Chinese opera (Chinese: 戲曲; pinyin: xìqǔ) is a popular form of drama and musical theatre in China with roots going back to the early periods in China. It is a composite performance art that is an amalgamation of various art forms that existed in ancient China, and evolved gradually over more than a thousand years, reaching its mature form in the 13th century during the Song Dynasty. Early forms of Chinese drama are simple, but over time they incorporated various art forms, such as music, song and dance, martial arts, acrobatics, as well as literary art forms to become Chinese opera.

There are numerous regional branches of Chinese opera, of which the Beijing opera ( 京劇 ) is one of the most notable.
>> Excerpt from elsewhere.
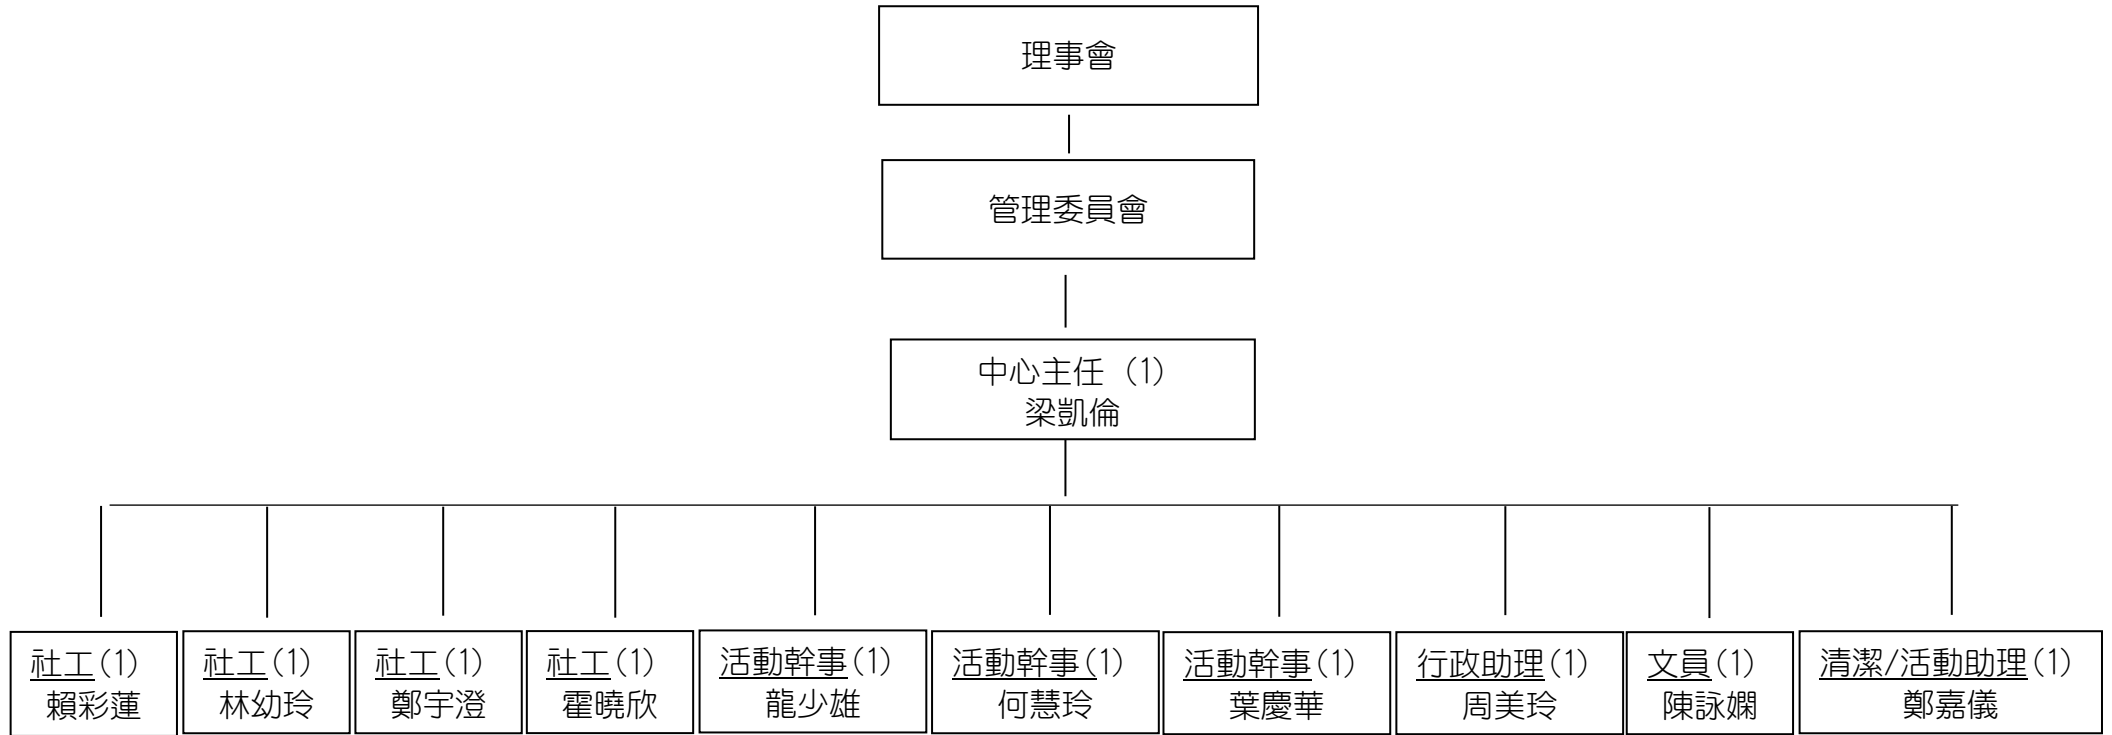

育智中心組織架構圖

註：(X) = 受資助服務／單位人手編制

更新日期：2022年8月1日

An early form of Chinese drama is the Canjun Opera(參軍戲, or Adjutant Play) which originated from the Later Zhao Dynasty (319-351). In its early form it was a simple comic drama involving only two performers, where a corrupt officer, Canjun or the adjutant, was ridiculed by a jester named Grey Hawk (蒼鶻). The characters in Canjun Opera are thought to be the forerunners of the fixed role categories of later Chinese opera, particularly of its comic chou (丑) characters.

Various song and dance dramas developed during the Six Dynasties period. During the Northern Qi Dynasty, a masked dance called the Big Face (大面, which can mean “mask”, alternatively daimian 代面, and it was also called The King of Lanling, 蘭陵王), was created in honour of Gao Changgong who went into battle wearing a mask. Another was called Botou (撥頭, also 缽頭), a masked dance drama from the Western Regions that tells the story of a grieving son who sought a tiger that killed his father. In The Dancing Singing Woman (踏謡娘), which relates the story of a wife battered by her drunken husband, the song an dance drama was initially performed by a man dressed as a woman. The stories told in of these song-and-dance dramas are simple, but they are thought to be the earliest pieces of musical theatre in China, and the precursors to the more sophisticated later forms of Chinese opera.

These forms of early drama were popular in the Tang Dynasty where they further developed. For example, by the end of the Tang Dynasty the Canjun Opera Had evolved into a performance with more complex plot and dramatic twists, and it involved at least four performers. The early form of Chinese theatre became more organized in the Tang Dynasty with Emperor Xuanzong (712–755), who founded the “Pear Garden” (梨园/梨園; líyuán), the first academy of music to train musicians, dancers and actors. The performers formed what may be considered the first known opera troupe in China, and mostly performed for the emperors’ personal pleasure. To this day operatic professionals are still referred to as “Disciples of the Pear Garden” (梨园弟子 / 梨園弟子, líyuán dìzi).